How Is the Switching Capacity of a Relay Defined and What Determines It?

Updated Jul 21, 2022

Reported In


  • PXI Matrix Switch Module

Issue Details

One of the specifications on switches and relays is the switching capacity. What does this mean and how is it determined?


Switching capacity or switching load is usually rated with both voltage and current. The voltage is the load voltage which will be across the terminals of the relay when it is open.

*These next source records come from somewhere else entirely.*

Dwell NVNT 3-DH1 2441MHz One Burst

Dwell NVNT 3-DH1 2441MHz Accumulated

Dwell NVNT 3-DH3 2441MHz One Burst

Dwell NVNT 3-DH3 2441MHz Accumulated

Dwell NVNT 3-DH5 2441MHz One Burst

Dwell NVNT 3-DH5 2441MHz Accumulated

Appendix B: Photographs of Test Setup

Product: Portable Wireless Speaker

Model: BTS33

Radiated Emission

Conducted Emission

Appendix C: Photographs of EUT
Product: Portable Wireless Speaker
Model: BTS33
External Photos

The current is the load current that will flow through both the load and relay when it is closed.

Switches often specify a minimum switching capacity (sometimes referred to as minimum switch load) in addition to a maximum switching capacity.  It is important to meet the minimum capacity of a switch to ensure long term health of the switch.  Over time particulates build up on the contacts of armature relays.  A minimum amount of current is required to burn off particulate build up on switch contacts when the relay is closed.  This is only a concern for electromechanical armature relays.  Reed relays are sealed in a noble gas and are not susceptible to particulate buildup.  SSR and FET relays are not mechanical and are also not affected.  

Additional Information

Relays theoretically do not dissipate any power. The equation for power is Power=Voltage*Current. When the relay is open, the current is zero. When it is closed, the voltage across the terminals is almost zero (depending on the load current and "on" resistance of the relay). In both cases, power is equal or very close to zero. Ideally when the relay opens, the voltage will instantaneously go to the load voltage and the current will instantaneously go to zero. If this were true, then the switching capacity would be as large as the gauge of wire used in the relay.

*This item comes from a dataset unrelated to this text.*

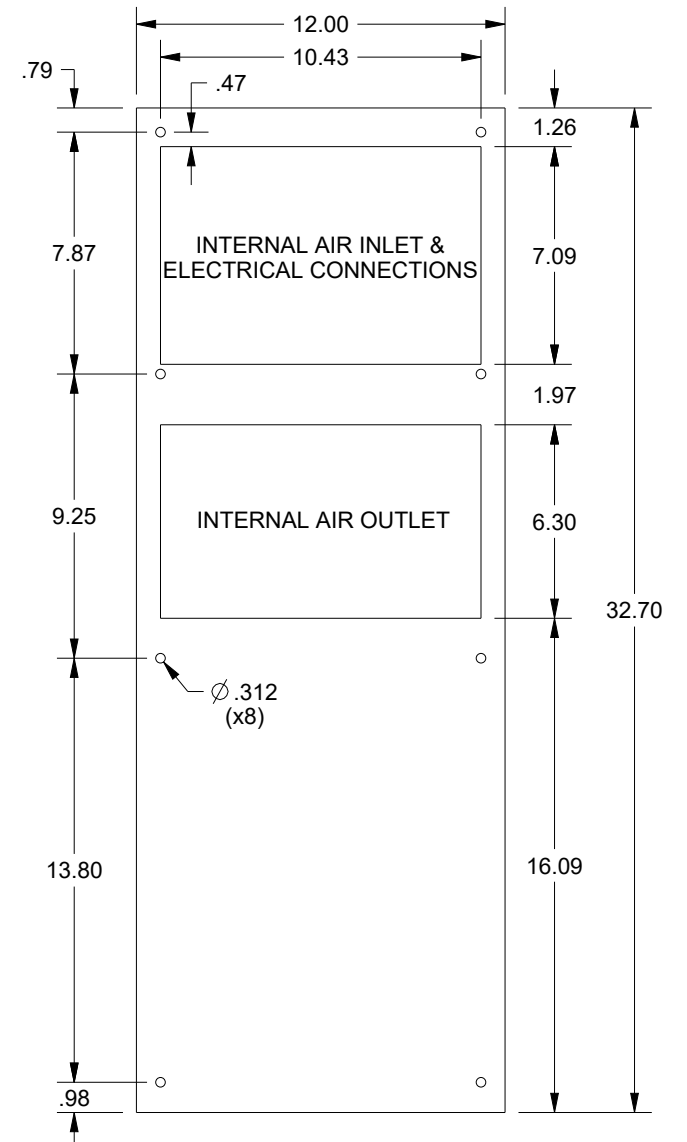

SAGINAW CONTROL & ENGINEERING

SCE-AC1870B460VSS

MOUNTING PATTERN

However, when the relay is in the process of switching, there is a finite time when both values are nonzero values. During this time, power will be dissipated in the relay. Depending on the inductance and capacitance of the load and relays, there may be large voltage and current spikes during this period of time when the relay is switching. This may generate a lot of heat in a very small area and consequently melt the contacts of the relays or leave corrosion that will shorten their life. With larger voltages and currents on your load, the switching time will be longer, and you will increase the energy (the time integral of power) dissipated in your relay. You may also have larger power spikes as the relay is in transition.

Another factor of the switching capacity has to do with the mechanical construction of the relay. When the relay is just beginning to switch, the force of the contact decreases which results in an increase of resistance. The load current flowing through this resistance will heat the contacts. There is also an instant when some parts of the contact are touching and some are not. By decreasing the surface area that the current is flowing through, the resistance is again increased. At the instant just before there is no contact, all of the current is flowing through an extremely small area. This last point of contact will get so hot that it will usually boil or even vaporize.

In practice, this issue often comes up with usage of the device in unexpected scenarios. For example, a PXIe-2532B in a 4 by 256 matrix will not be able to do a Fault Insertion Unit (FIU) Test because it's limit is sixty drives continuously. This is a direct example of the above mentioned theory and can be resolved by using a specific FIU scheme or be using an alternative PXI-2536 FET that can take multiple drives.